— Exercise input —
++++++++++

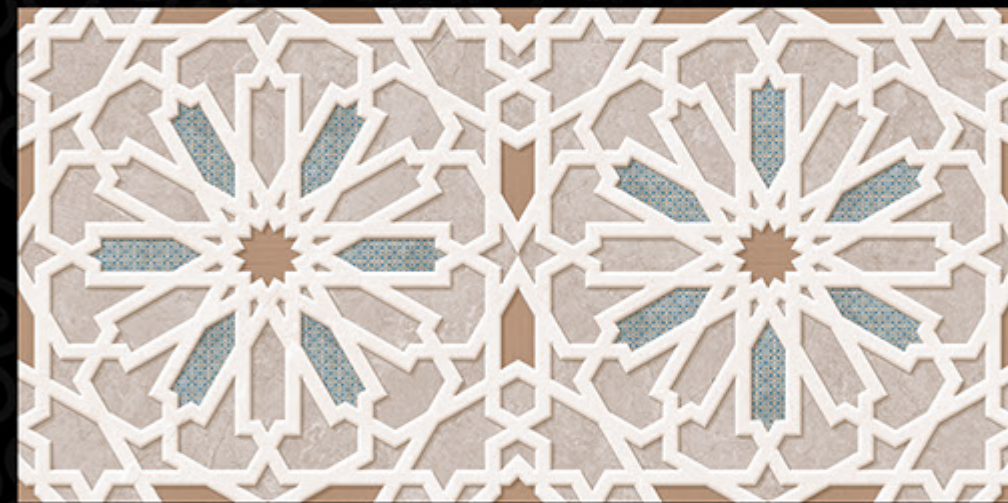

300 x 600 MM

DIGITAL WALL TILES ...

MATT FINISH

DIGITAL WALL TILES

6705-HL-1
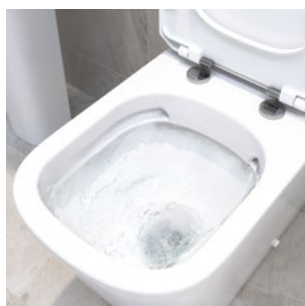

Rimless *the height of cleanliness*

Rimless WCs are easier to clean as they flush by propelling jets of water around the bowl without needing a rim.

They are highly efficient and can easily be incorporated into any bathroom and can be mixed perfectly with other products in the range.
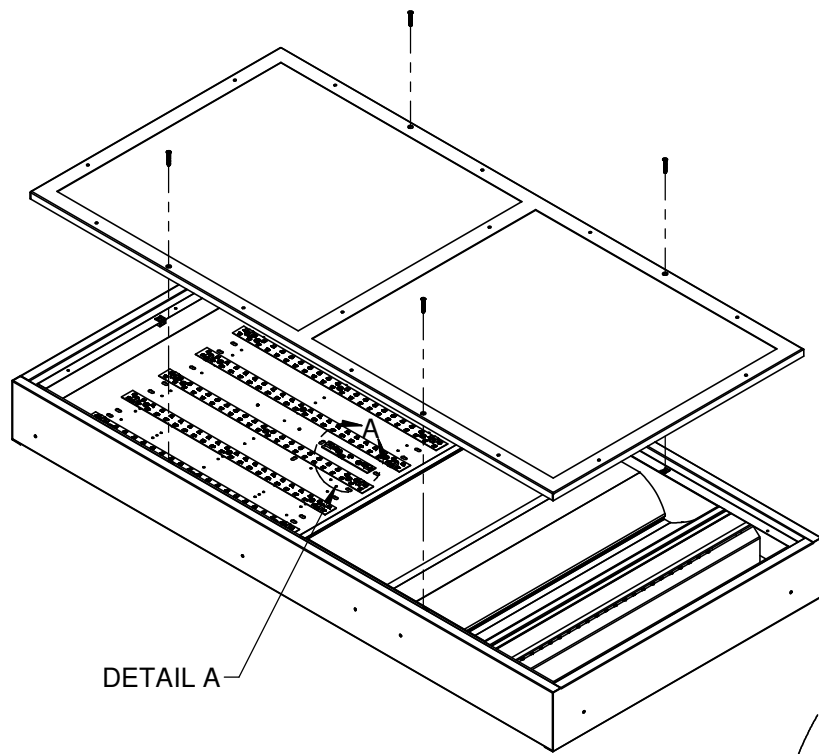

ME242G & ME243G Night Light Function

DETAIL A

NIGHT LIGHT WITH
ADJUSTABLE
DIP SWITCH

DETAIL A VIEW

DIP SWITCH
ADJUSTABLE TO
100% , 70% , 40% , 10%

DETAIL B VIEW

Day-Brite

CFI
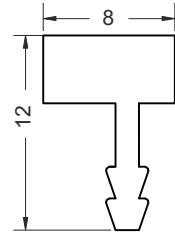

Aluminium Inlay Profile
Finish- ALU/SS
Size- 2000mm

EAPS 102 - ALU	₹735.00
EAPS 102 - SS	₹1,200.00
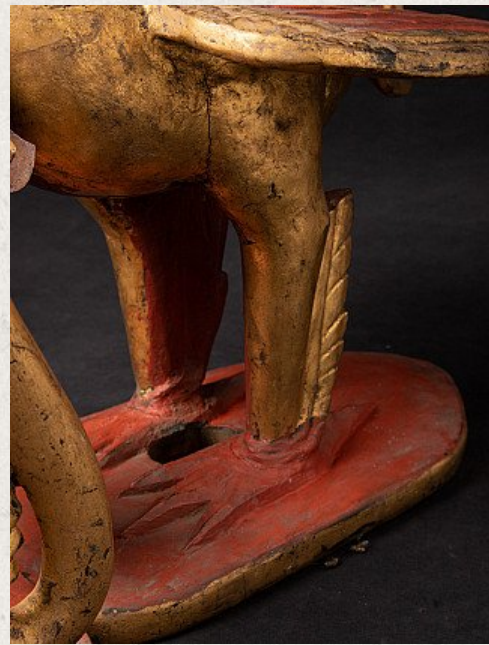

See on website
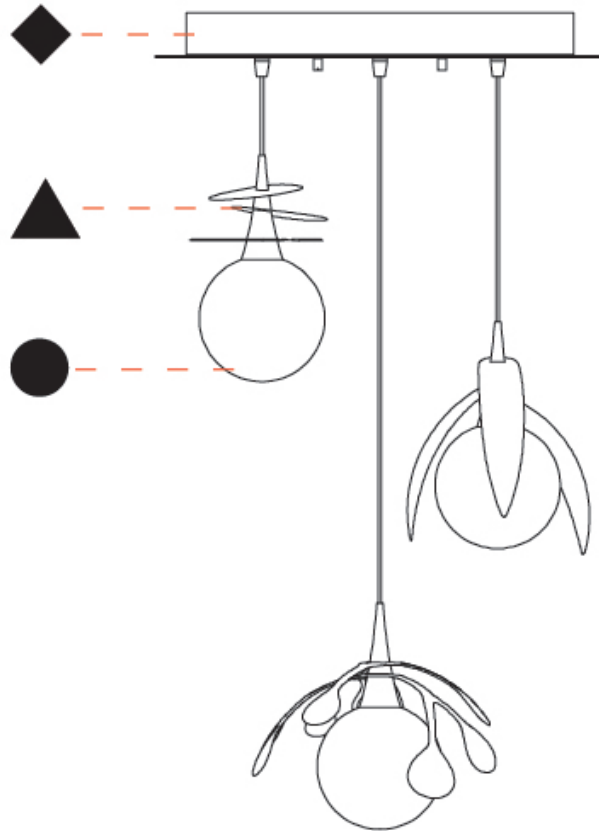

GENERAL

Series: Vegetal
 Subseries: Calathea
 Brand: Cangini & Tucci
 Division: Design
 Mounting Type: Suspension
 Mounting Location: Ceiling
 Subcategory: Pendant

PHYSICAL

Shape: Abstract
 Diameter (mm): 180
 Diameter (in): 7 1/16
 Height (mm): 220
 Height (in): 8 11/16
 Max. Overall Height (mm): 2220
 Max. Overall Height (in): 87 3/8
 Light Distribution: Omnidirectional
 Fixture Finish: AMB / GRN / PNK / RUB / SKB / SMK / TOB / TRA
 Holder Finish: SGD / SBK
 Fixture Material: Glass / Metal
 Cable Details: 2,000mm Transparent cable

GENERAL

Series: Vegetal
 Subseries: Vegetal - 3 Light Cluster
 Brand: Cangini & Tucci
 Division: Design
 Mounting Type: Suspension
 Mounting Location: Ceiling
 Subcategory: Pendant

PHYSICAL

Shape: Abstract
 Diameter (mm): 430
 Diameter (in): 16 ¹⁵/₁₆
 Height (mm): 220
 Height (in): 8 ¹¹/₁₆
 Max. Overall Height (mm): 2220
 Max. Overall Height (in): 87 ³/₈
 Light Distribution: Omnidirectional
 Fixture Finish: [AMB](#) / [GRN](#) / [PNK](#) / [RUB](#) / [SKB](#) / [SMK](#) / [TOB](#) / [TRA](#)
 Holder Finish: SGD / SBK
 Accent Finish: CHR / MWH / MBK / BCR
 Fixture Material: Glass / Metal
 Cable Details: 2,000mm Transparent cable

VEGETAL - 3 LIGHT CLUSTER SUSPENSION

D141266-

PROJECT

TYPE

SPECIFIER

QUANTITY

DATE

PROJECT
TYPE
SPECIFIER
QUANTITY
DATE

GENERAL

Series: Vegetal
 Subseries: Vegetal - 3 Light Linear
 Brand: Cangini & Tucci
 Division: Design
 Mounting Type: Suspension
 Mounting Location: Ceiling
 Subcategory: Pendant

PHYSICAL

Shape: Abstract
 Length (mm): 900
 Length (in): 35 7/16
 Height (mm): 220
 Height (in): 8 11/16
 Max. Overall Height (mm): 2220
 Max. Overall Height (in): 87 3/8
 Light Distribution: Omnidirectional
 Fixture Finish: [AMB](#) / [GRN](#) / [PNK](#) / [RUB](#) / [SKB](#) / [SMK](#) / [TOB](#) / [TRA](#)
 Holder Finish: [SGD](#) / [SBK](#)
 Accent Finish: [CHR](#) / [MWH](#) / [MBK](#) / [BCR](#)
 Fixture Material: Glass / Metal
 Cable Details: 2,000mm Transparent cable
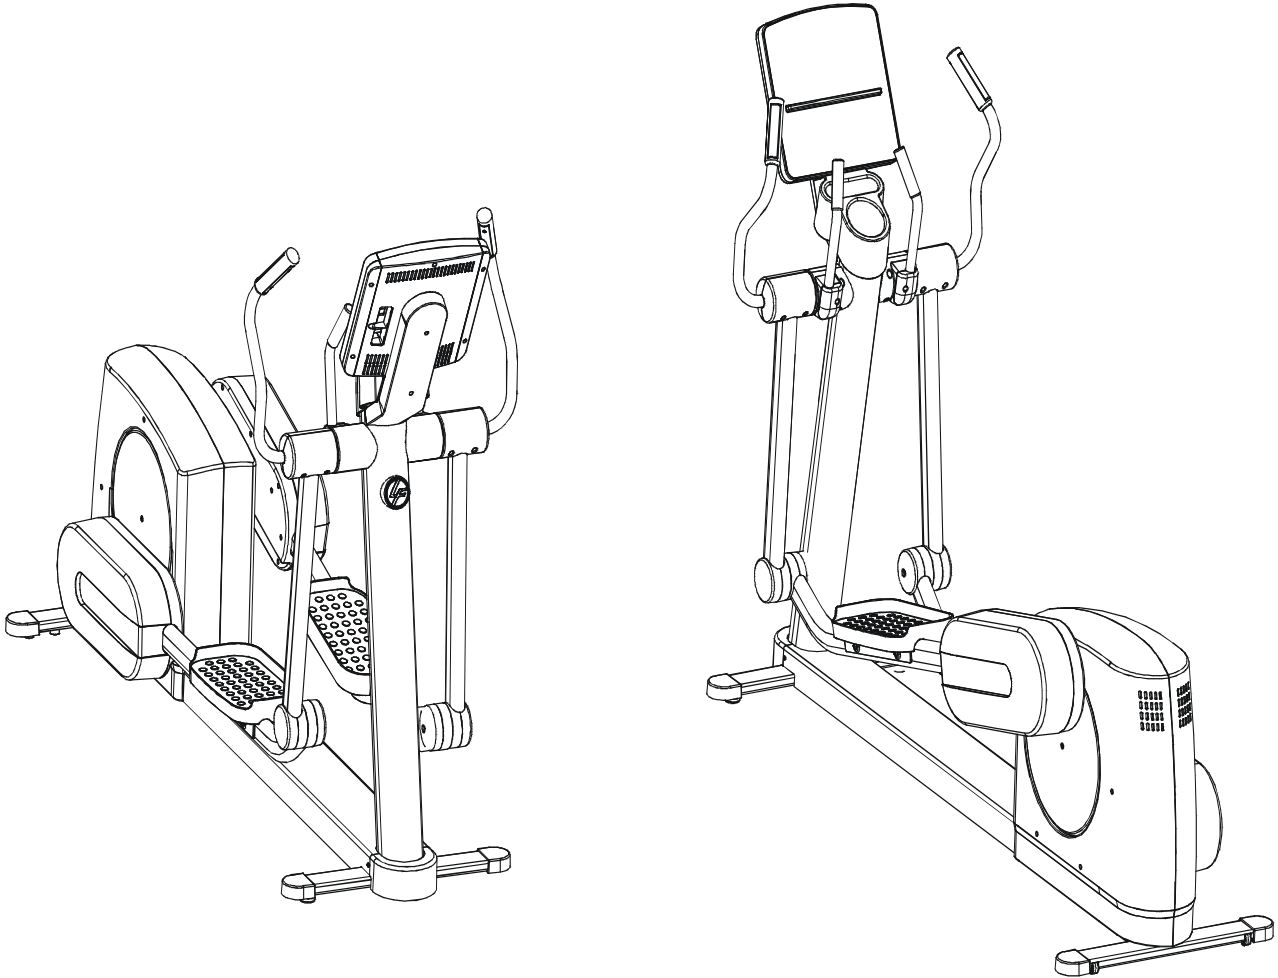

# LifeFitness

ARCTIC SILVER QUIET DRIVE CROSS  
TRAINER 93X-OXXX-04

Customer Support Services  
**PARTS MANUAL** rev 30 Jul 2008

**ARCTIC SILVER QUIET DRIVE 93X**  
**REFERENCES**

**93X-0XXX-04**  
**S/N XWF100000**

|   |  |
|---|--|
| OPERATION MANUAL – (ENG)  | M051-00K62-A181  |
| OPERATION MANUAL – (F/S/P)  | M051-00K62-A182  |
| OPERATION MANUAL – (G/D/I)  | M051-00K62-A183  |
| OPERATION MANUAL – (JAP)  | M051-00K62-A184  |
| SERVICE MANUAL  | M051-00K62-A149  |
| TOUCH UP PAINT:<br>SPRAY CAN<br>.5 OZ BOTTLE W/APPLICATOR<br>.33 OZ PEN   | 0017-00008-0204<br>0017-00008-0205<br>0017-00008-0206  |
| HARDWARE BAG  | AK62-00152-0001  |
| POWER CABLE WITH BRACKET<br>ASSEMBLY<br>CONSISTS OF:<br>120" COAX CABLE ASSY.<br>120" POWER EXTENSION CABLE<br>ACCESS PANEL BRACKET<br>F-TYPE PANEL CONNECTOR<br>#8 PLASTIC GROMMET | AK62-00210-0000<br><br>AK32-00020-0002<br>AK32-00078-0001<br>0K62-01179-0001<br>0017-00021-2846<br>0017-00042-0754 |
| PLUG IN OPTION 120/60   | GK62-00002-0018  |
| PLUG IN OPTION 240/50 UK  | GK62-00002-0019  |
| PLUG IN OPTION 240v AUS   | GK62-00002-0020  |
| PLUG IN OPTION 230/50 CONT.   | GK62-00002-0021  |
| C-SAFE KIT  | GK63-00002-0003  |

**Note: Adding the version –02 attachable LCD TV to this model makes it a 93XER-XXX-04. See the Entertainment parts list marked LCD-0XXX-02 for the part numbers and descriptions for the attachable LCD TV, remote and hardware for this product.**

++++++++++

— Problem requirements —
Please reproduce the entries above exactly, omitting every picture.

— Solution for this task —
300 x 600 MM

DIGITAL WALL TILES ...

MATT FINISH

DIGITAL WALL TILES

6705-HL-1

Rimless *the height of cleanliness*

Rimless WCs are easier to clean as they flush by propelling jets of water around the bowl without needing a rim.

They are highly efficient and can easily be incorporated into any bathroom and can be mixed perfectly with other products in the range.

ME242G & ME243G Night Light Function

DETAIL A

NIGHT LIGHT WITH
ADJUSTABLE
DIP SWITCH

DETAIL A VIEW

DIP SWITCH
ADJUSTABLE TO
100% , 70% , 40% , 10%

DETAIL B VIEW

Day-Brite

CFI

Aluminium Inlay Profile
Finish- ALU/SS
Size- 2000mm

EAPS 102 - ALU	₹735.00
EAPS 102 - SS	₹1,200.00

See on website

GENERAL

Series: Vegetal
 Subseries: Calathea
 Brand: Cangini & Tucci
 Division: Design
 Mounting Type: Suspension
 Mounting Location: Ceiling
 Subcategory: Pendant

PHYSICAL

Shape: Abstract
 Diameter (mm): 180
 Diameter (in): 7 1/16
 Height (mm): 220
 Height (in): 8 11/16
 Max. Overall Height (mm): 2220
 Max. Overall Height (in): 87 3/8
 Light Distribution: Omnidirectional
 Fixture Finish: AMB / GRN / PNK / RUB / SKB / SMK / TOB / TRA
 Holder Finish: SGD / SBK
 Fixture Material: Glass / Metal
 Cable Details: 2,000mm Transparent cable

GENERAL

Series: Vegetal
 Subseries: Vegetal - 3 Light Cluster
 Brand: Cangini & Tucci
 Division: Design
 Mounting Type: Suspension
 Mounting Location: Ceiling
 Subcategory: Pendant

PHYSICAL

Shape: Abstract
 Diameter (mm): 430
 Diameter (in): 16 ¹⁵/₁₆
 Height (mm): 220
 Height (in): 8 ¹¹/₁₆
 Max. Overall Height (mm): 2220
 Max. Overall Height (in): 87 ³/₈
 Light Distribution: Omnidirectional
 Fixture Finish: [AMB](#) / [GRN](#) / [PNK](#) / [RUB](#) / [SKB](#) / [SMK](#) / [TOB](#) / [TRA](#)
 Holder Finish: SGD / SBK
 Accent Finish: CHR / MWH / MBK / BCR
 Fixture Material: Glass / Metal
 Cable Details: 2,000mm Transparent cable

VEGETAL - 3 LIGHT CLUSTER SUSPENSION

D141266-

PROJECT

TYPE

SPECIFIER

QUANTITY

DATE

PROJECT
TYPE
SPECIFIER
QUANTITY
DATE

GENERAL

Series: Vegetal
 Subseries: Vegetal - 3 Light Linear
 Brand: Cangini & Tucci
 Division: Design
 Mounting Type: Suspension
 Mounting Location: Ceiling
 Subcategory: Pendant

PHYSICAL

Shape: Abstract
 Length (mm): 900
 Length (in): 35 7/16
 Height (mm): 220
 Height (in): 8 11/16
 Max. Overall Height (mm): 2220
 Max. Overall Height (in): 87 3/8
 Light Distribution: Omnidirectional
 Fixture Finish: [AMB](#) / [GRN](#) / [PNK](#) / [RUB](#) / [SKB](#) / [SMK](#) / [TOB](#) / [TRA](#)
 Holder Finish: [SGD](#) / [SBK](#)
 Accent Finish: [CHR](#) / [MWH](#) / [MBK](#) / [BCR](#)
 Fixture Material: Glass / Metal
 Cable Details: 2,000mm Transparent cable

# LifeFitness

ARCTIC SILVER QUIET DRIVE CROSS  
TRAINER 93X-OXXX-04

Customer Support Services  
**PARTS MANUAL** rev 30 Jul 2008

**ARCTIC SILVER QUIET DRIVE 93X**  
**REFERENCES**

**93X-0XXX-04**  
**S/N XWF100000**

|   |  |
|---|--|
| OPERATION MANUAL – (ENG)  | M051-00K62-A181  |
| OPERATION MANUAL – (F/S/P)  | M051-00K62-A182  |
| OPERATION MANUAL – (G/D/I)  | M051-00K62-A183  |
| OPERATION MANUAL – (JAP)  | M051-00K62-A184  |
| SERVICE MANUAL  | M051-00K62-A149  |
| TOUCH UP PAINT:<br>SPRAY CAN<br>.5 OZ BOTTLE W/APPLICATOR<br>.33 OZ PEN   | 0017-00008-0204<br>0017-00008-0205<br>0017-00008-0206  |
| HARDWARE BAG  | AK62-00152-0001  |
| POWER CABLE WITH BRACKET<br>ASSEMBLY<br>CONSISTS OF:<br>120" COAX CABLE ASSY.<br>120" POWER EXTENSION CABLE<br>ACCESS PANEL BRACKET<br>F-TYPE PANEL CONNECTOR<br>#8 PLASTIC GROMMET | AK62-00210-0000<br><br>AK32-00020-0002<br>AK32-00078-0001<br>0K62-01179-0001<br>0017-00021-2846<br>0017-00042-0754 |
| PLUG IN OPTION 120/60   | GK62-00002-0018  |
| PLUG IN OPTION 240/50 UK  | GK62-00002-0019  |
| PLUG IN OPTION 240v AUS   | GK62-00002-0020  |
| PLUG IN OPTION 230/50 CONT.   | GK62-00002-0021  |
| C-SAFE KIT  | GK63-00002-0003  |

**Note: Adding the version –02 attachable LCD TV to this model makes it a 93XER-XXX-04. See the Entertainment parts list marked LCD-0XXX-02 for the part numbers and descriptions for the attachable LCD TV, remote and hardware for this product.**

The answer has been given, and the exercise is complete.